There were fewer voxels with abnormally high FA in the SWM of youths with mild TBI compared to typically developing controls (z=2.94, p= 3.31e-3, Δ=28%) and psychopathology-matched controls (z=2.95, p=3.22e-3, Δ=28%) (Fig. 2C). These results were stable across all examined Z thresholds (Fig. 3C). As with low SWM FA, findings were significant in the frontal lobe. There were fewer voxels with high FA in the frontal lobe in participants with mild TBI compared to typically developing controls (z= 2.62, p= 8.79e-3, Δ=26%) but not psychopathology matched controls (Table 3). Additionally, there were fewer voxels with high FA in the occipital lobe in youths with mild TBI compared to typically developing controls (z=2.72, p= 6.60e-3, Δ=31%) and psychopathology matched controls (z= 3.08, p=2.09e-3, Δ=34%).

3.2.2. Abnormalities found for DWM FA in mild TBI vs. controls

Equivalent group comparisons in DWM revealed a similar pattern of results, except the number of voxels with abnormally low FA in youths with mild TBI was not significantly different from psychopathology matched controls (z= -1.02, p=0.311, Δ=11%). There were more voxels with low FA in the DWM in youths with a history of mild TBI compared to typically developing controls (z= -3.10, p=0.002, Δ=43%; Fig. 2B). These results were stable across all examined Z thresholds (Fig. 3B).

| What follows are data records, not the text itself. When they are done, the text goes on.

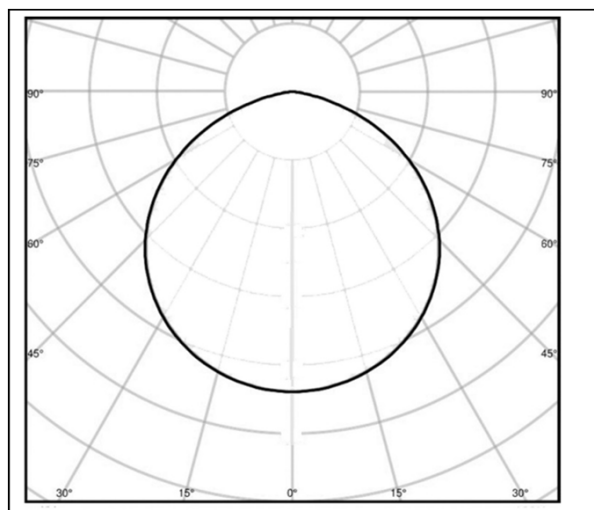

### CARACTERISTIQUES TECHNIQUES

Puissance (W)	<b>80 W</b>
Température (K)	<b>4000 K</b>
Flux lumineux (Lm)	<b>8800 Lm</b>
Ratio (Lm/W)	<b>110 Lm/W</b>
Type de LED	<b>SMD 2835</b>
Couleur de finition	<b>Noir</b>
Driver de marque	
Dimming	<b>Non Dimmable</b>
IRC (Indice de rendu couleur)	<b>&gt;80</b>
UGR	<b>&lt; 19</b>
Angle (°)	<b>Angle 360°</b>
Durée de vie	<b>&gt; 50 000 heures</b>
Maintien du flux - Durée de vie des LED	<b>L80-B10 à 50 000h</b>
SDCM (Standard Deviation Colour Matching)	<b>&lt; 3</b>
Résistance aux chocs	<b>IK06</b>
Dimensions (mm)	<b>Ø105*1744mm</b>
Encastrement (mm)	
Tension d'alimentation (V)	<b>230V AC</b>
Intensité courant (mA)	<b>NC</b>
Rendement énergétique (PF)	<b>0,95</b>
Température fonctionnement (°C)	<b>-20°-40°C</b>
Poids (Kg)	
Composition	<b>Aluminium &amp; Polycarbonate</b>
Durée de garantie	<b>3 ans</b>
Risque Photobiologique - EN62471 et EN62778	<b>Niveau RG0</b>
Résistance au fil incandescent	<b>850°</b>
Conforme aux normes - EN60598 - EN55015 - EN61547 - EN60695	
Certifications CE - RoHS - ErP 2012 - Respect HQE - BREEAM - WELL	

### Courbe Photométrique

### Angle 360°

Comparing the number of DWM voxels with abnormally high FA revealed there were fewer voxels with high FA in youths with mild TBI compared to typically developing controls (z= 4.35, p= 1.34e-05, Δ=54%) and psychopathology matched controls (z= 3.15, p=1.65e-3, Δ=40%) (Fig. 2D). These results were also stable across all examined Z thresholds (Fig. 3D).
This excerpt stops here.